-- What to produce --
Wherever a picture appears in the data below, omit it, and restate everything else word for word.

-- Given entries --
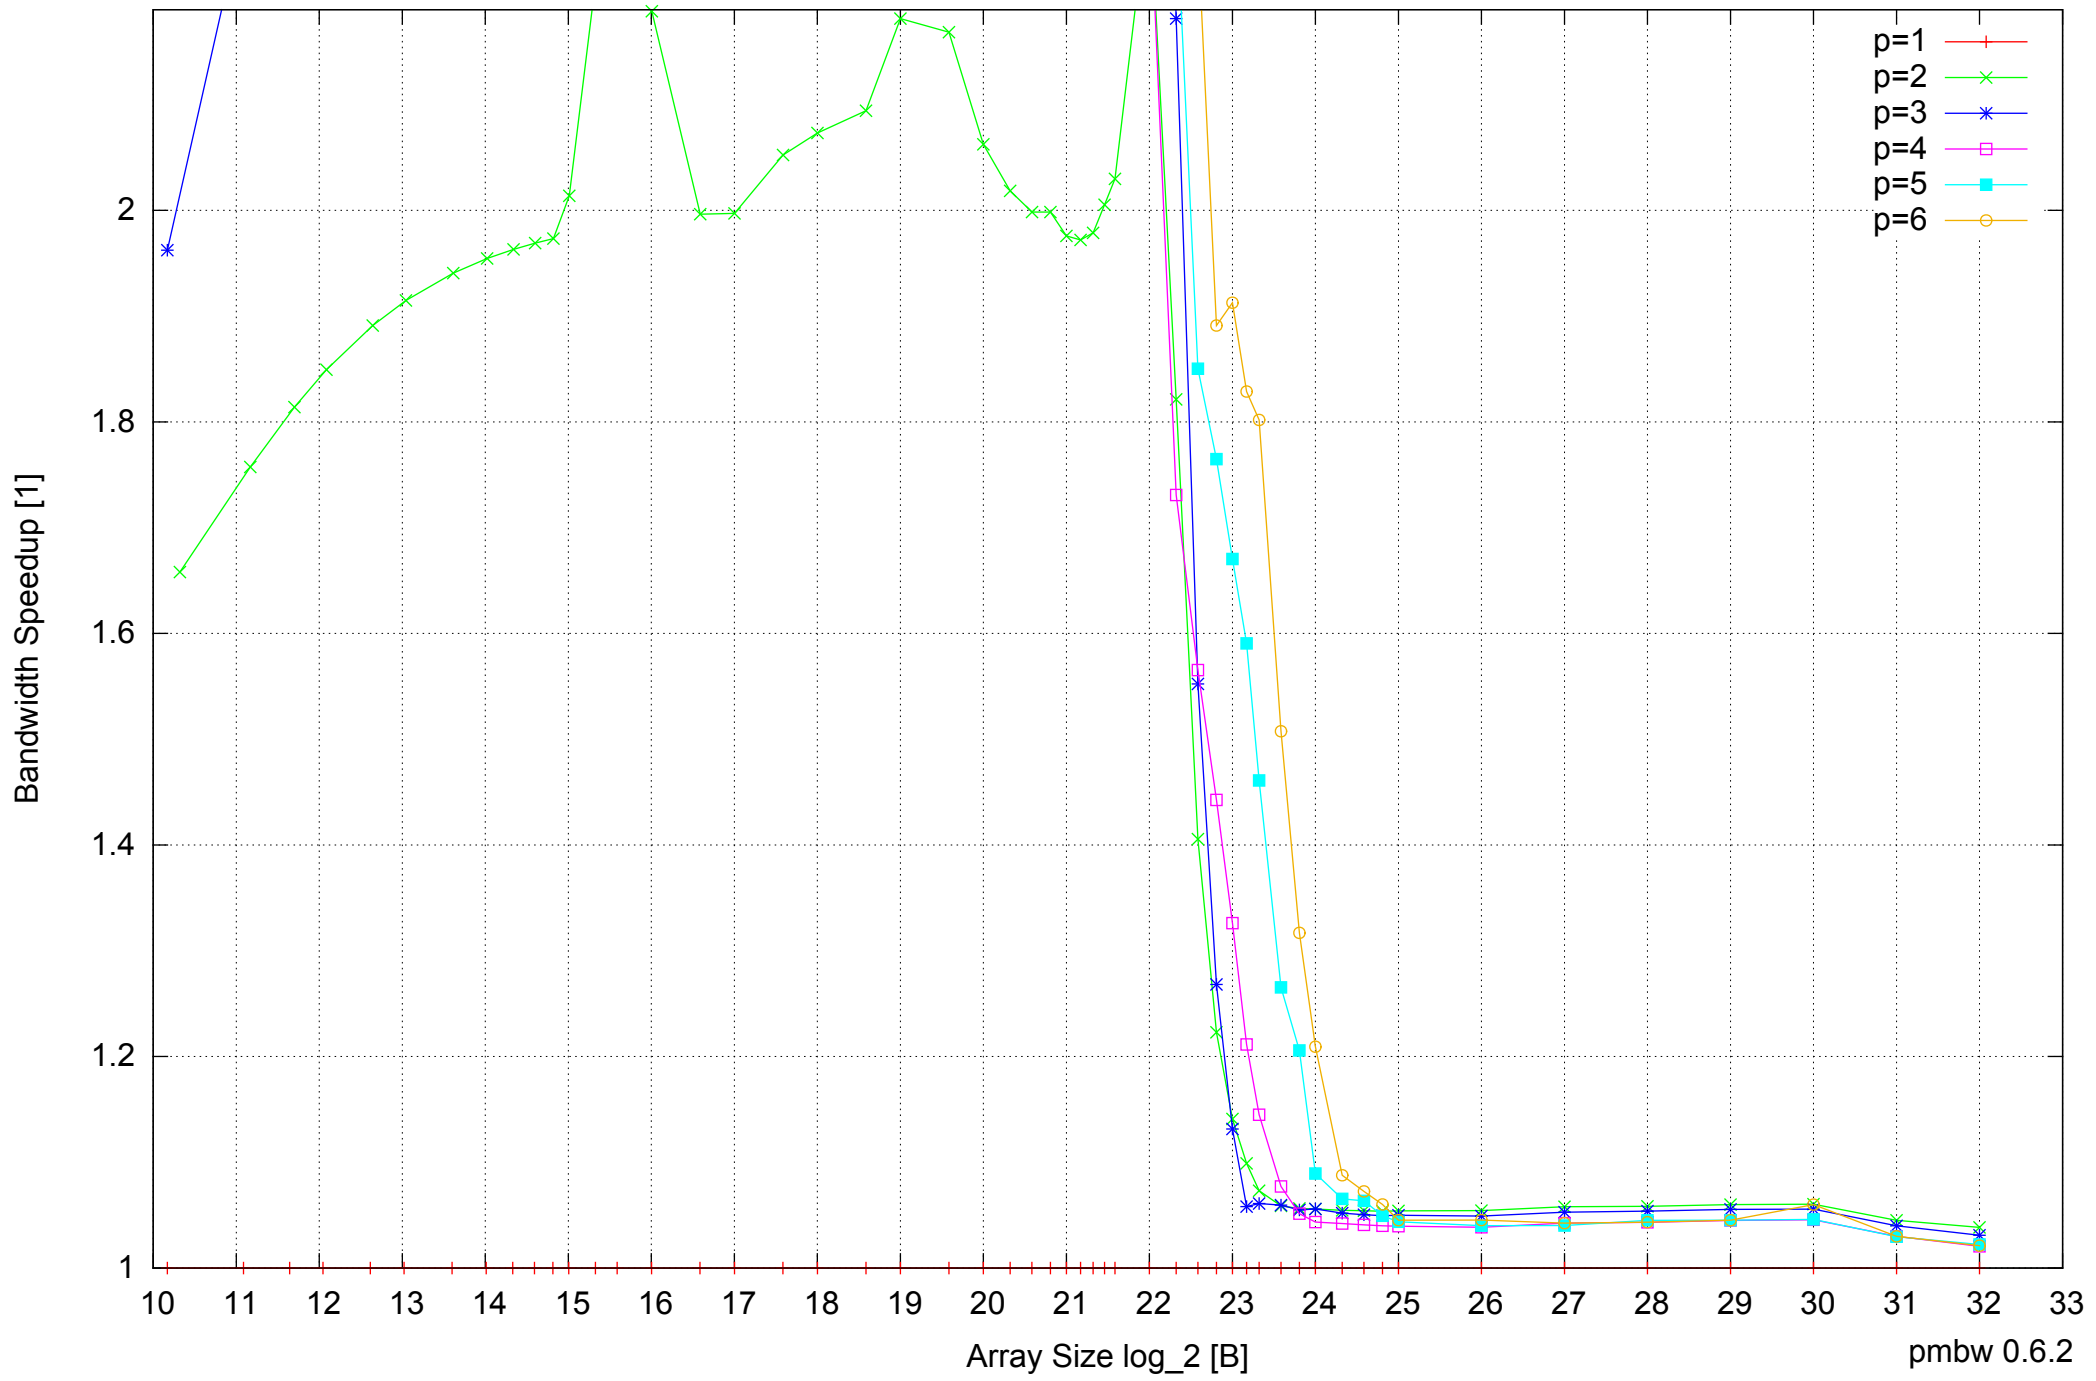

Intel Core i5-2500 8GB - Parallel Memory Bandwidth - ScanWrite64IndexUnrollLoop

Intel Core i5-2500 8GB - Speedup of Parallel Memory Bandwidth (enlarged) - ScanWrite64IndexSimpleLoop
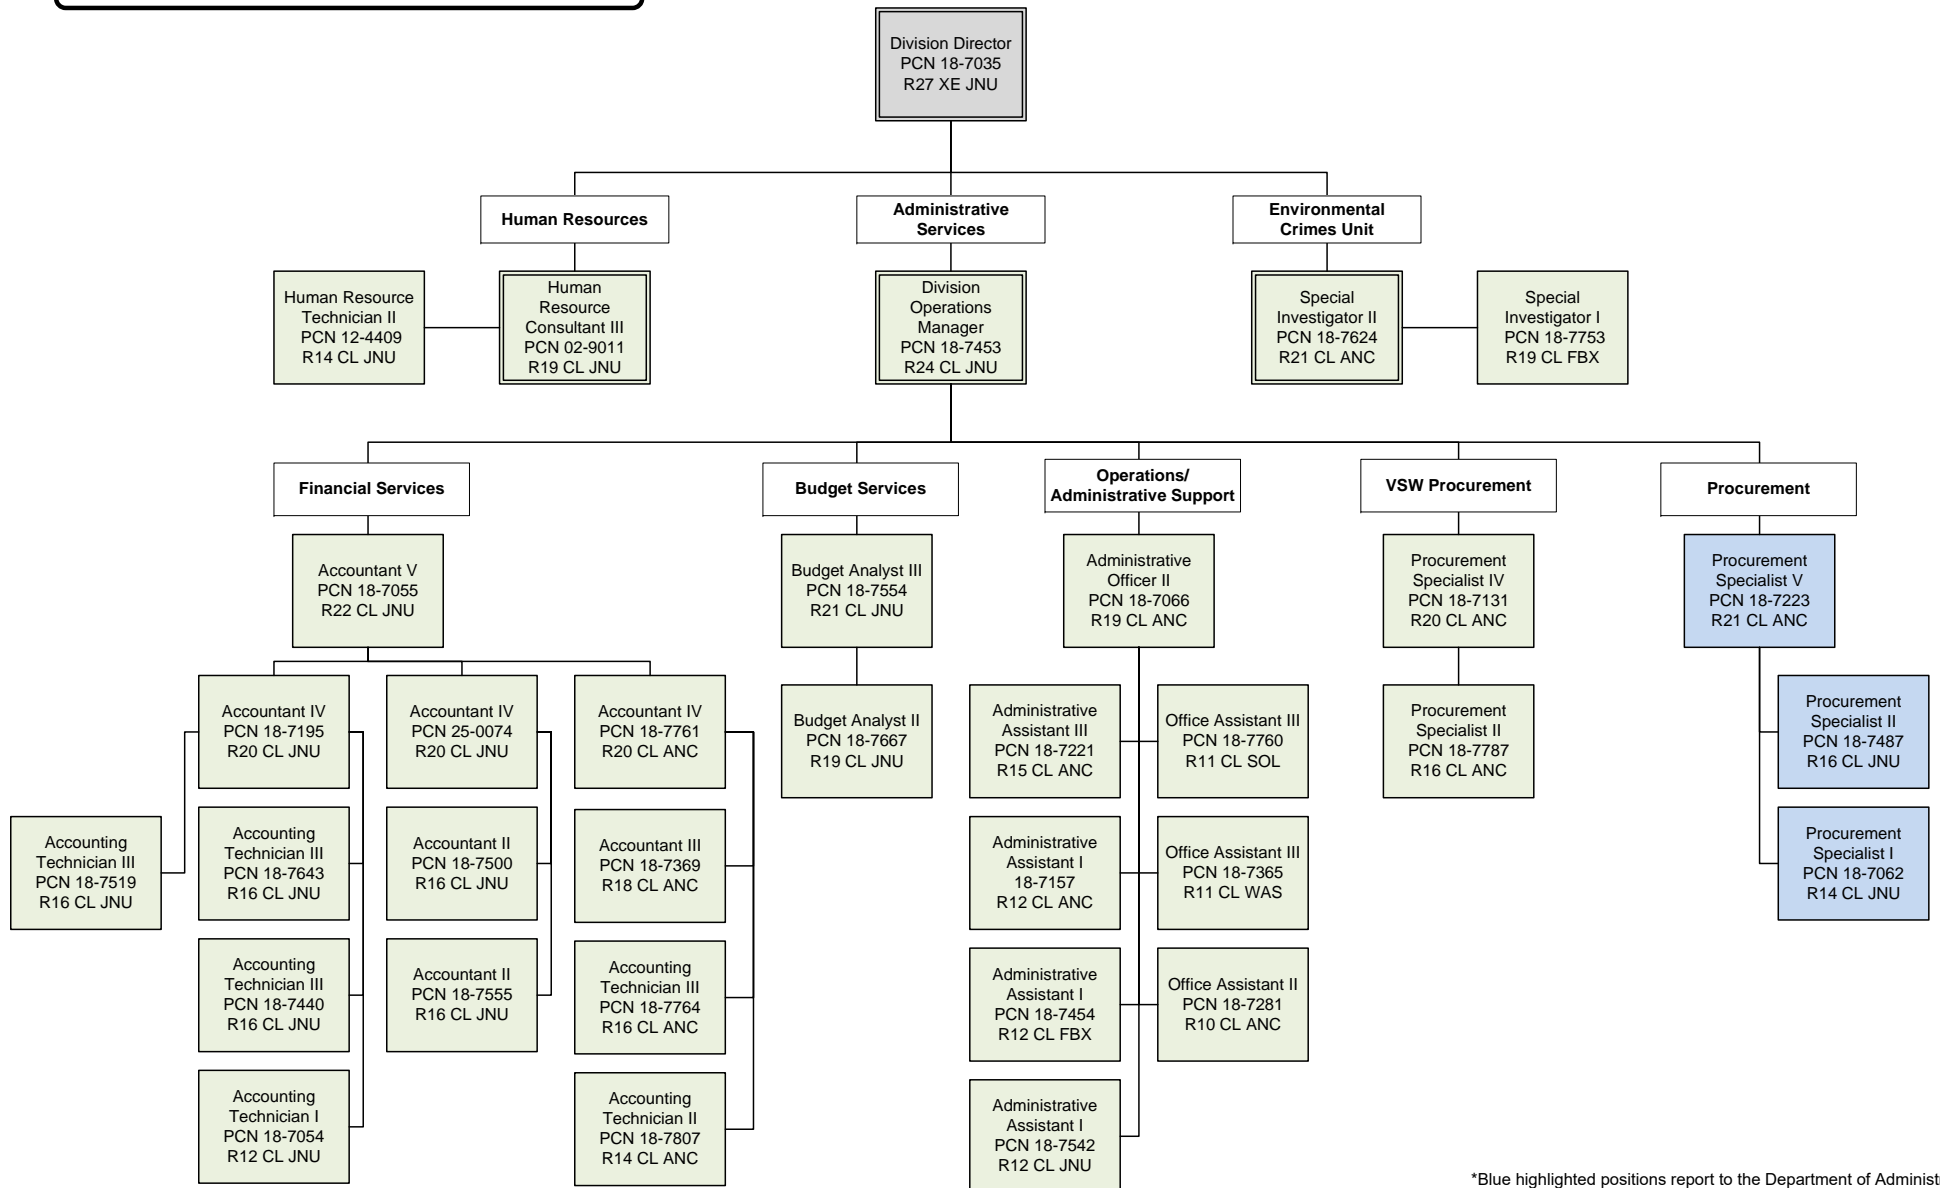

Department of Environmental Conservation
 Division of Administration
 Administrative Services – Page 1

*Blue highlighted positions report to the Department of Administration due to consolidation efforts but are still functionally a part of the Department of Environmental Conservation.

Department of Environmental Conservation
 Division of Administration
 Administrative Services – Page 2

*Blue highlighted positions report to the Department of Administration due to consolidation efforts but are still functionally a part of the Department of Environmental Conservation.
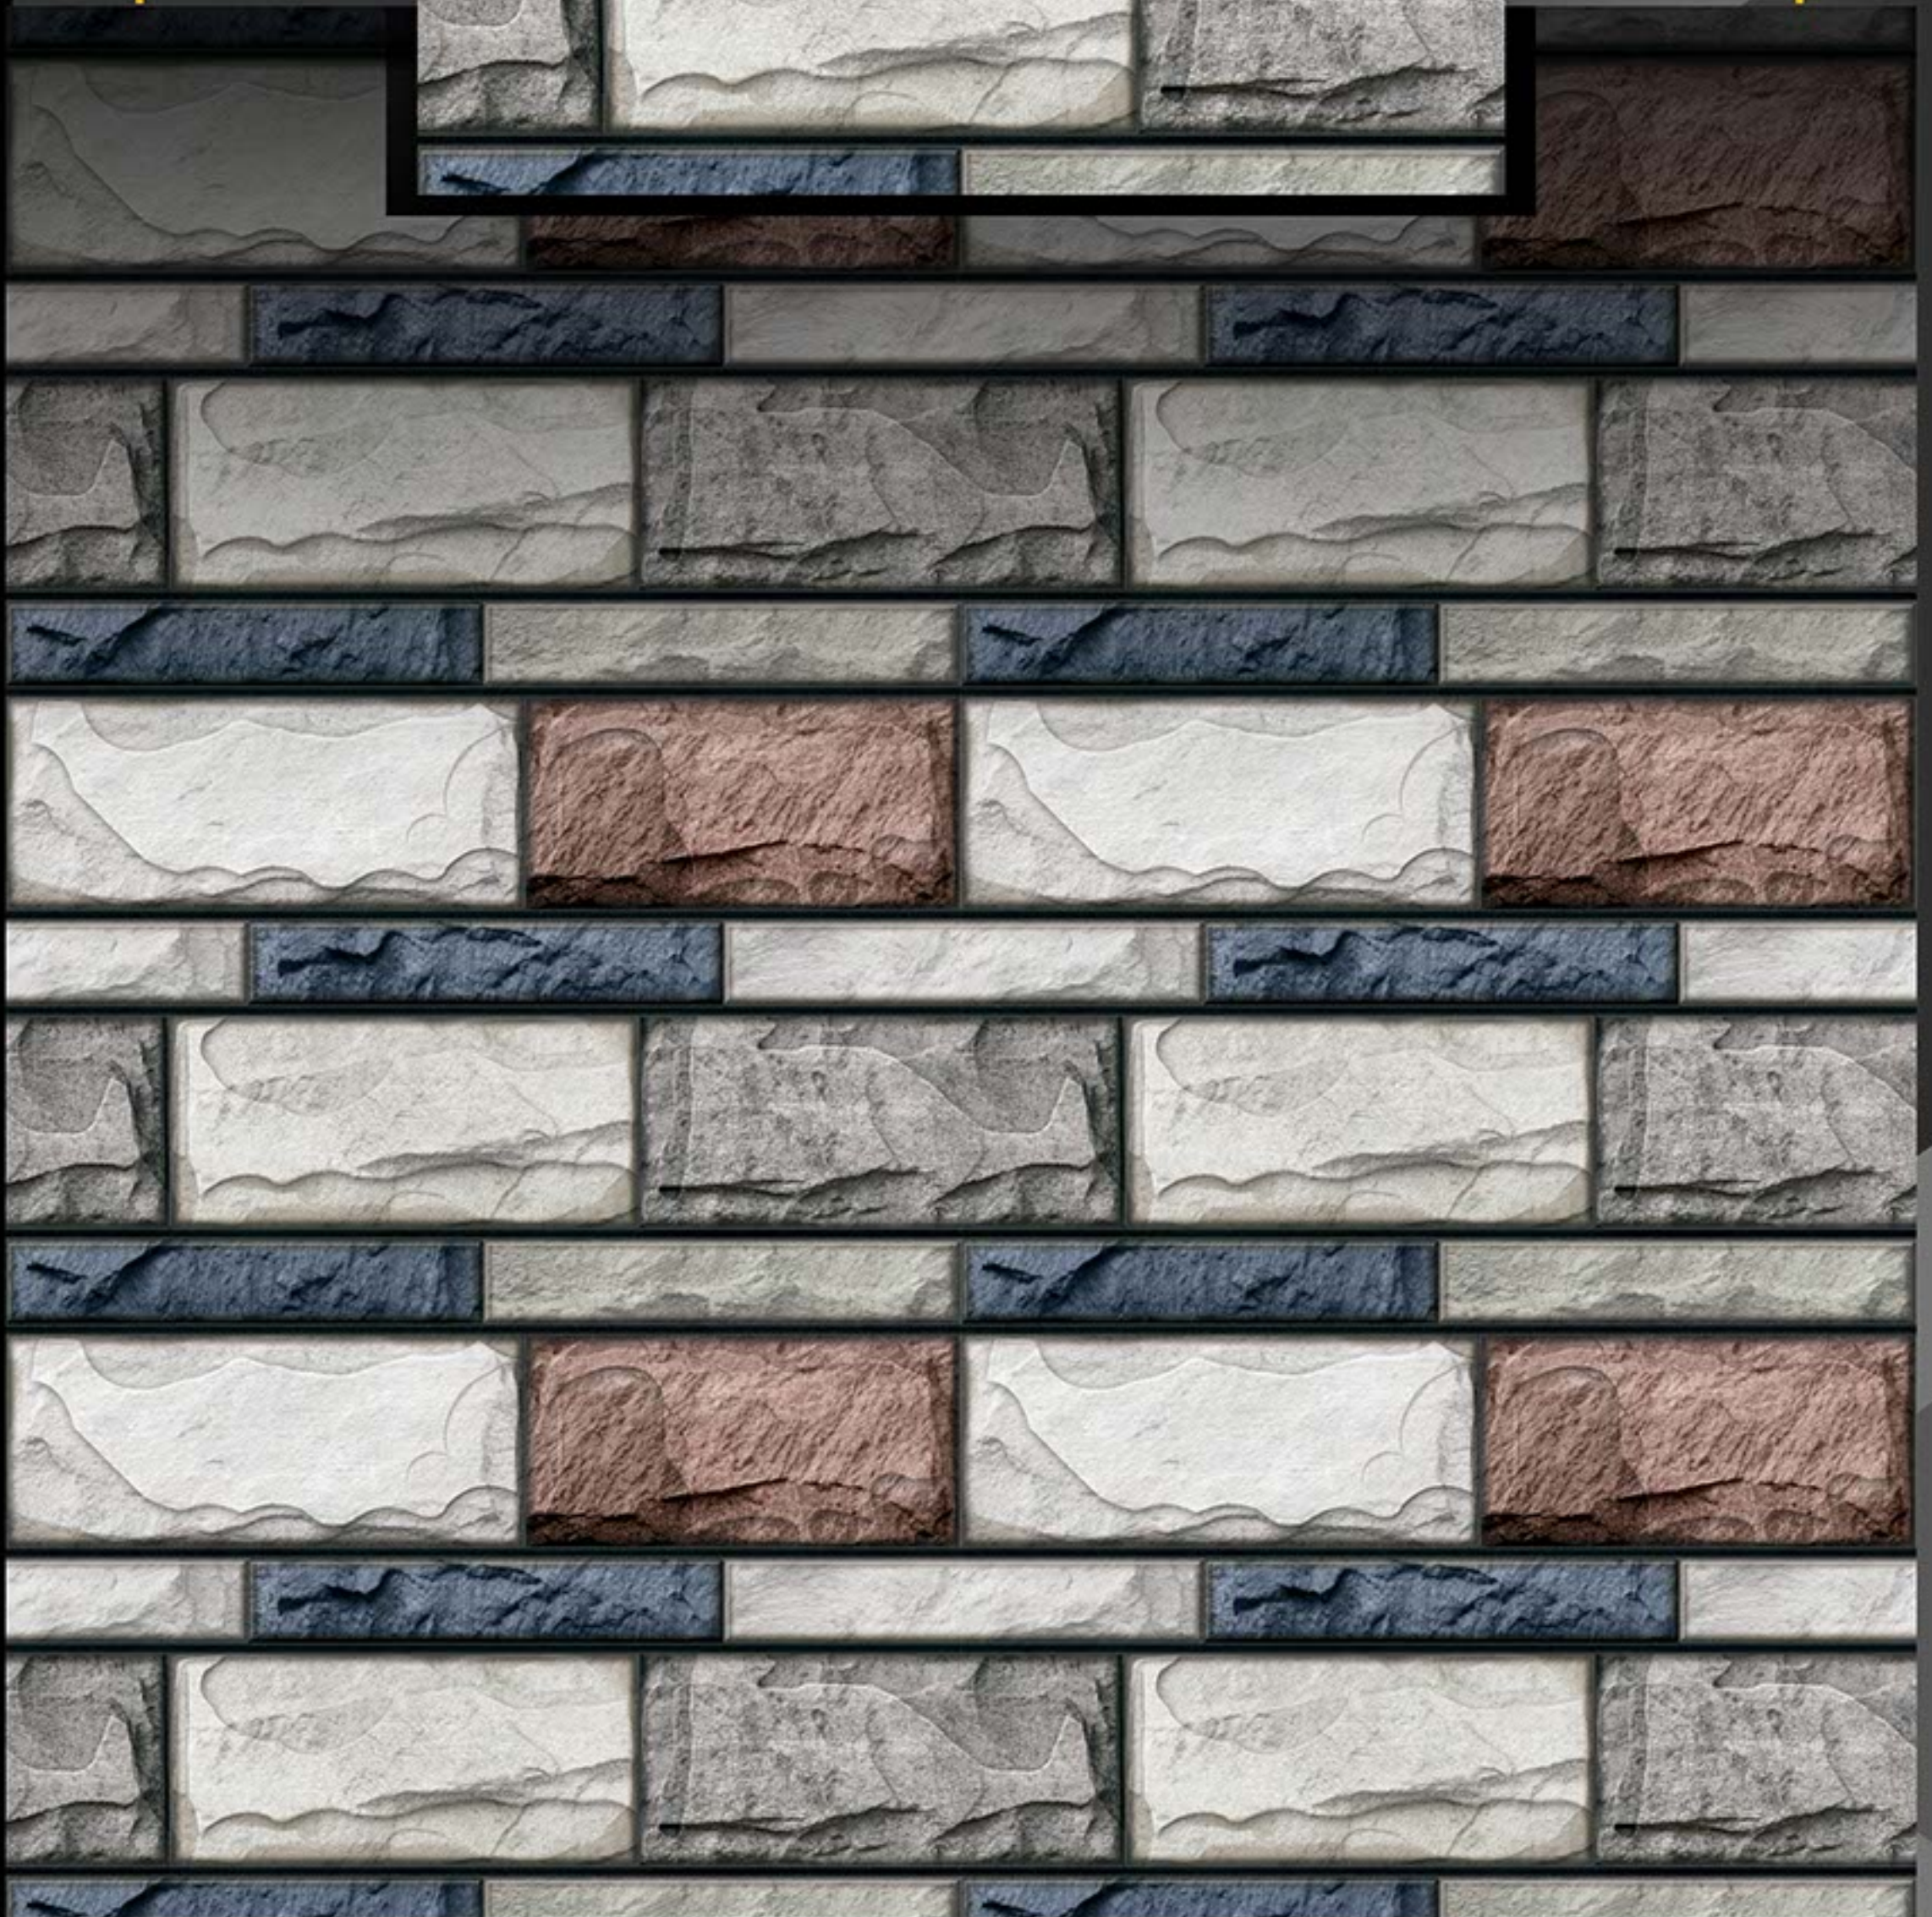

300x450 mm

DEGITAL WALL TILES

ELEVATION SERIES

D.N. 13105 - GLOSSY

D.N. 23105 - MATT

-- Answer box --
Intel Core i5-2500 8GB - Parallel Memory Bandwidth - ScanWrite64IndexUnrollLoop

Intel Core i5-2500 8GB - Speedup of Parallel Memory Bandwidth (enlarged) - ScanWrite64IndexSimpleLoop

Department of Environmental Conservation
 Division of Administration
 Administrative Services – Page 1

*Blue highlighted positions report to the Department of Administration due to consolidation efforts but are still functionally a part of the Department of Environmental Conservation.

Department of Environmental Conservation
 Division of Administration
 Administrative Services – Page 2

*Blue highlighted positions report to the Department of Administration due to consolidation efforts but are still functionally a part of the Department of Environmental Conservation.

300x450 mm

DEGITAL WALL TILES

ELEVATION SERIES

D.N. 13105 - GLOSSY

D.N. 23105 - MATT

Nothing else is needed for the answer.